Here's what's important about this paper. It is written by AMD researchers. It shows AMD is investing in AI research. Is this the same level of achievement as DeepSeek 3.2. Most likely not. Do they have novel ideas? Difficult to say, there are hundreds of new ideas being tried in this space. Is this worthless? Most certainly not. In order to make progress in this domain (as in any other), you first need to get your feet wet. You need to play with the various components, and see how they fit together. The idea in this paper is that you can combine somehow SSMs (like Mamba) and LLMs (like LLama). The examples they give are absolute toys compared to DeepSeek 3.2 (the largest is 8 billion parameters, while DeepSeek 3.2 has 671 billion parameters). The comparison you are trying to make simply does not apply.
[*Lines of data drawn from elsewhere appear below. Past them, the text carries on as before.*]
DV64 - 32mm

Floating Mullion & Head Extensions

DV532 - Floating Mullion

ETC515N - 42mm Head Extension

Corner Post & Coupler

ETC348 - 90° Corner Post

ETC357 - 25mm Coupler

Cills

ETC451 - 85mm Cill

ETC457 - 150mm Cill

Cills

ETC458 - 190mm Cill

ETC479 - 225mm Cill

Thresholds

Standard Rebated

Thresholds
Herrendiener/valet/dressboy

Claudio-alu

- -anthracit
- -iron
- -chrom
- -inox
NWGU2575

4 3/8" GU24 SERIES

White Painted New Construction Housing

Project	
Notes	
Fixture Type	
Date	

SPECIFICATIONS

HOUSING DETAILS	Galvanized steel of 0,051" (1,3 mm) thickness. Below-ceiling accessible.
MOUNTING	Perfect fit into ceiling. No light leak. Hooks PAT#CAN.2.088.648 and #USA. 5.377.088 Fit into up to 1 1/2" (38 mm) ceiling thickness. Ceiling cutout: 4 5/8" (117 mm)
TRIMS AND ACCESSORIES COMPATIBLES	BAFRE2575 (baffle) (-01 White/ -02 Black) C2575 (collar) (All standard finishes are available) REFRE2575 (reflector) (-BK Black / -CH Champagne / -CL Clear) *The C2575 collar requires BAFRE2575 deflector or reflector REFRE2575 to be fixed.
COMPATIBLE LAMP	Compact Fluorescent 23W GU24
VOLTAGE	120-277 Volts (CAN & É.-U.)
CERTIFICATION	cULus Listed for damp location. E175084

The good news for all of us is that AMD is working in this space.

	▲	jychang 4 hours ago \| parent [-]
		Mamba based LLMs aren't even close to novel though. IBM's been doing this since forever [1]. Also, you're off on Deepseek V3.2's param count, the full model's 685B in size with the MTP layer. I don't think there's anything interesting here other than "I guess AMD put out a research paper", and it's not cutting edge when Deepseek or even IBM is running laps around them. [1] Here's a news article from April, although IBM has been doing it for a long time before that https://research.ibm.com/blog/bamba-ssm-transformer-model

▲

T-A 9 hours ago | parent | prev | next [-]
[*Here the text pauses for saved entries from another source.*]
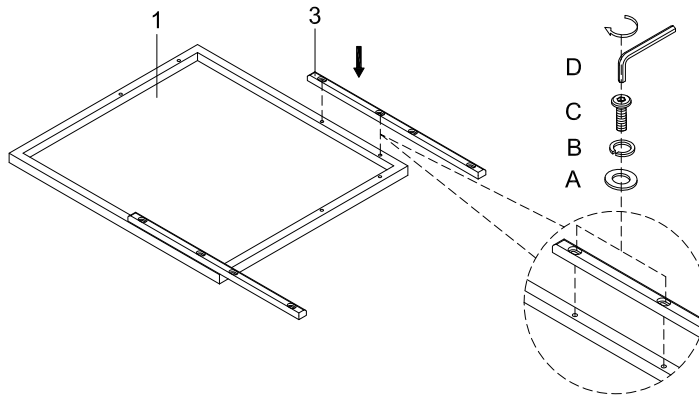

NATE + JEREMIAH

FOR LIVING SPACES

A	PB5100-40HD-A	 x8 Ø5/16"x19x2mm
B	PB5100-40HD-B	 x8 Ø5/16"x13x2mm
C	PB5100-40HD-C	 x8 Ø5/16"x1-1/4"L
D	PB5100-40HD-D	 x1 Allen key 4mm
1	PB5100-40M	 x1
2	PB5100-40D	 x1
3	PB5100-40MS	 x2

CENTRE

255768/B5100-20 Centre Dresser
255770/B5100-40 Centre Mirror

①

②

③

From your link: DeepSeek-V3.2 Release 2025/12/01

From Zebra-Llama's arXiv page: Submitted on 22 May 2025

	▲	jychang 4 hours ago \| parent [-]
		That's still behind the times. Even the ancient dinosaur IBM had released a Mamba model [1] before this paper was even put out. > Granite-4.0-Tiny-Base-Preview is a 7B-parameter hybrid mixture-of-experts (MoE) language model featuring a 128k token context window. The architecture leverages Mamba-2, superimposed with a softmax attention for enhanced expressiveness, with no positional encoding for better length generalization. Release Date: May 2nd, 2025 I mean, good for them for shipping, I guess. But seriously, I expect any postgrad student to be able to train a similar model with some rented GPUs. They literally teach MLA to undergrads in the basic LLM class at Stanford [2] so this isn't some exactly some obscure never-heard-of concept. [1] https://huggingface.co/ibm-granite/granite-4.0-tiny-base-pre... [2] https://youtu.be/Q5baLehv5So?t=6075

▲

SilverElfin 4 hours ago | parent | prev | next [-]
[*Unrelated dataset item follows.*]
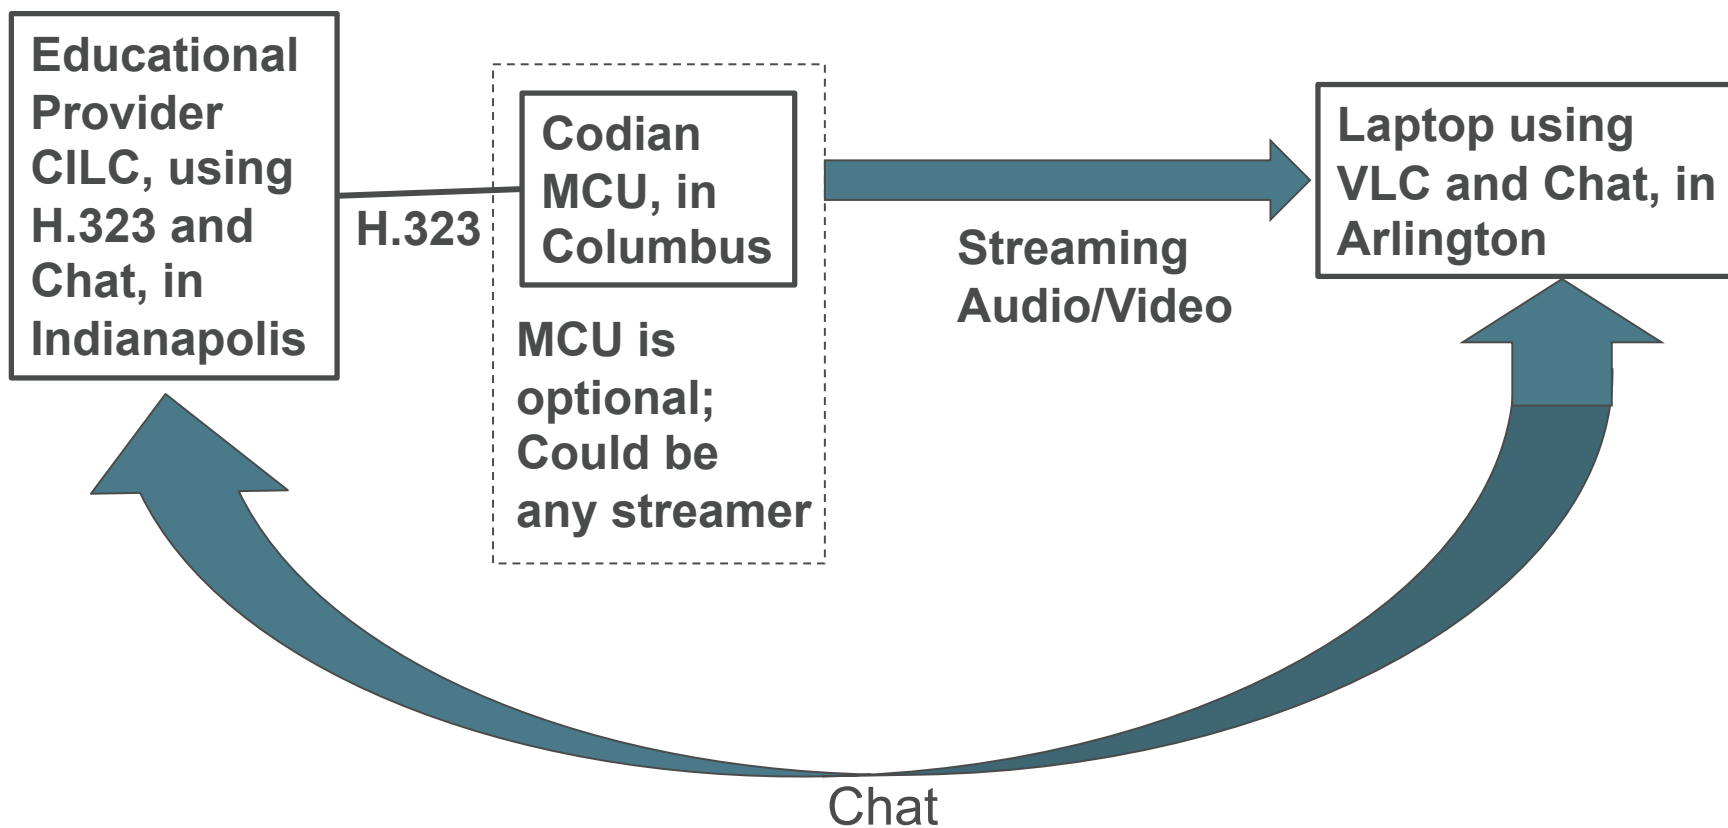

OLPC/H.323 Gateway Demonstration

How did you get all this info about how each is trained? Is that something they admit now or is it through leaks?

	▲	jychang 3 hours ago \| parent [-]
		Deepseek? It's literally in their research papers. OpenAI? The OpenAI head of research @markchen90 straight up admitted it in a podcast. https://x.com/petergostev/status/1995744289079656834 "In the last 2 years we've put so much resourcing into, into reasoning and one byproduct of that is you lose a little bit of muscle on pre training and post training." "In the last six months, @merettm and I have done a lot of work to build that muscle back up." "With all the focus on RL, there's an alpha for us because we think there's so much room left in pre training." "As a result of these efforts, we've been training much stronger models. And that also gives us a lot of confidence carrying into Gemini 3 and other releases coming this end of the year." Note, "alpha" in the quote above is referring to https://en.wikipedia.org/wiki/Alpha_(finance) But it's pretty clear that the last full pretrain run they've released is for gpt-4o 2 years ago, and since then they've just been iterating RL for their models. You don't need any insider information to notice that, it's pretty obvious. Excluding GPT-4.5 of course, but even OpenAI probably wants us to forget about that.

▲

nickpsecurity 9 hours ago | parent | prev [-]

"Deepseek hasn't done a full $5.6mil full "

Don't forget the billion dollars or so of GPU's they had access to that they left out of that accounting. Also, the R&D cost of the Meta model they originally used. Then, they added $5.6 million on top of that.